Repérer les alliés des tumeurs
C’est une découverte des plus intrigantes. En disséquant des tumeurs, les chercheurs se sont aperçus de la présence de nombreuses bactéries, nichées entre les cellules cancéreuses. Ces résultats, rapportés dans la revue Science en 2022, ne cessent depuis de faire parler la communauté scientifique. "Que font ces micro-organismes à ces endroits ? Comment interagissent-ils avec la tumeur ? C’est un mystère sur lequel il va nous falloir avancer", plaide Maria Carla Parrini, biologiste à l’Institut Curie.
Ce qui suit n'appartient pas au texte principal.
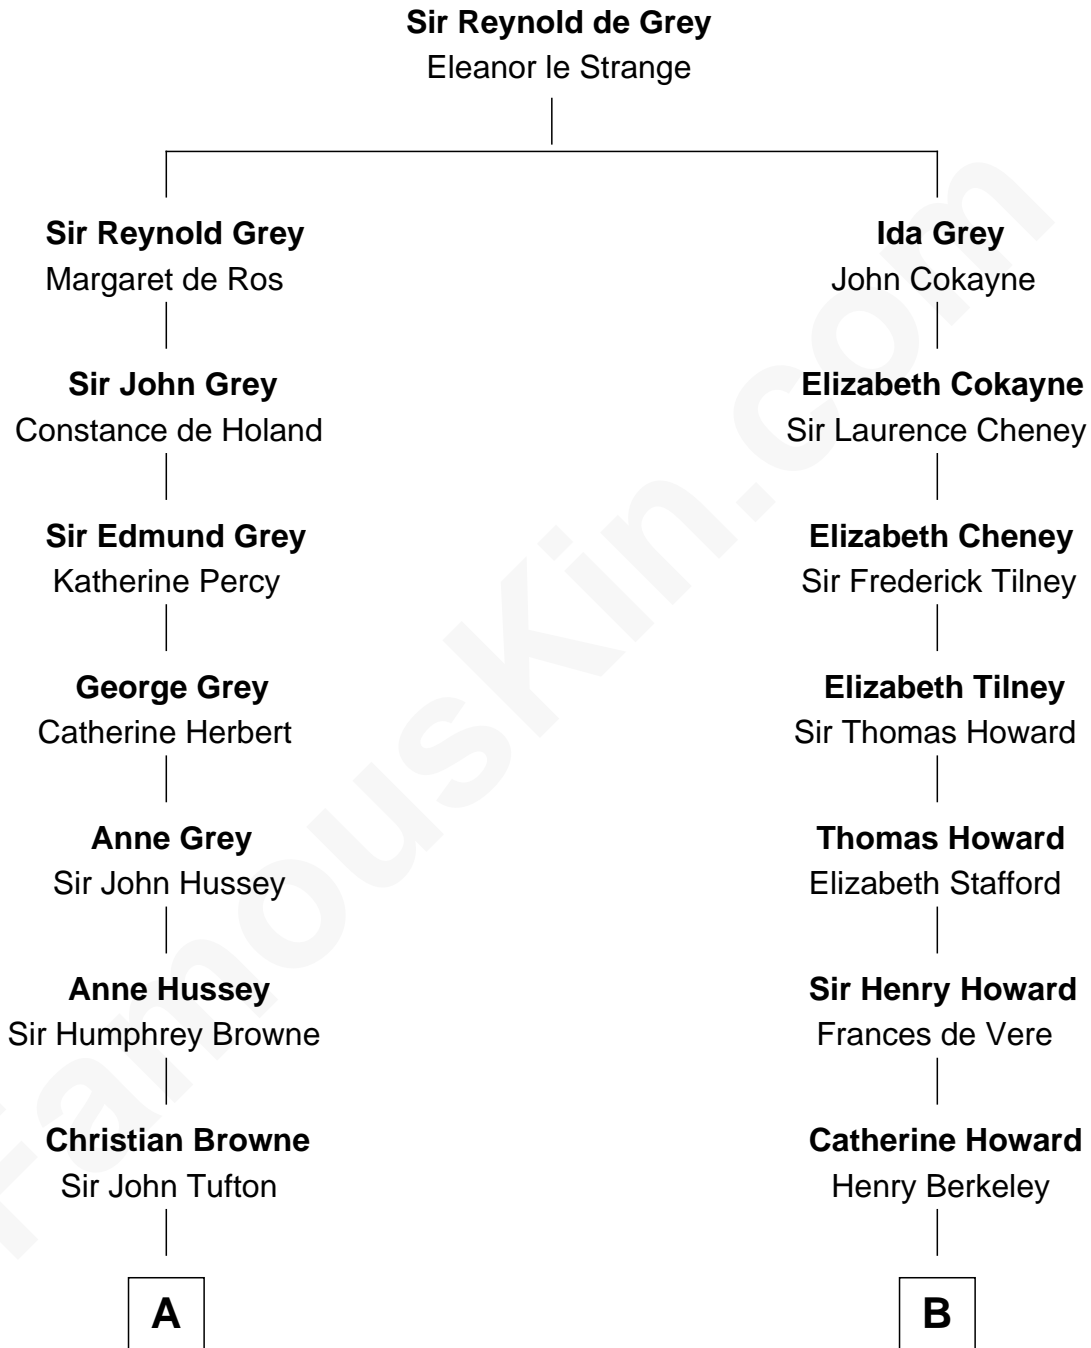

## Relationship Chart of

### Cara Delevingne

*Fashion Model and Movie Actress*

15th cousin 5 times removed of

### Francis Scott Key

*Author of "The Star Spangled Banner"*

**C**

**Anne Margaret Faudel-Phillips**

John Vincent Sheffield

**Jane Armyne Sheffield**

Sir Jocelyn Edward Greville Stevens

**Pandora Anne Stevens**

Etonnée par ces observations, cette scientifique s’est mis en tête de décrypter le comportement de ces micro-organismes. "Certains virus, comme le papillomavirus ou l’hépatite B peuvent causer des lésions cancéreuses. Est-ce que ces bactéries aident la tumeur, ou sont-ils là à cause d’elle ? La question reste ouverte, mais des premières études semblent montrer que les bactéries présentes sont spécifiques : on ne les retrouve pas en même quantité ailleurs. C’est très intrigant", poursuit la spécialiste.
"A ce stade, il est difficile d’interpréter les données, souligne Matthew Meyerson, directeur de département au MIT et à Harvard. Parfois, on retrouve des bactéries en grande quantité dans des tumeurs, mais dans d’autres analyses, c’est plutôt dans les tissus sains qu’on les observe. Il va nous falloir investiguer davantage".
Pour trancher, l’Union européenne a décidé de verser 5 millions d’euros au projet de Maria Carla Parrini. L’objectif ? Etudier ce microbiote intratumoral à l’aide de dispositifs encore plus performants : les "tumeurs sur puce". Ces outils consistent, à gros traits, à plonger des cellules et divers ingrédients dans de minuscules chambres de gel, pour reproduire certaines fonctions des organes touchés par la maladie cancéreuse. Avec de tels outils, les scientifiques peuvent visualiser le comportement des cellules des patients en présence de bactéries. Un atout de taille pour retracer les réactions en chaîne au sein des tumeurs.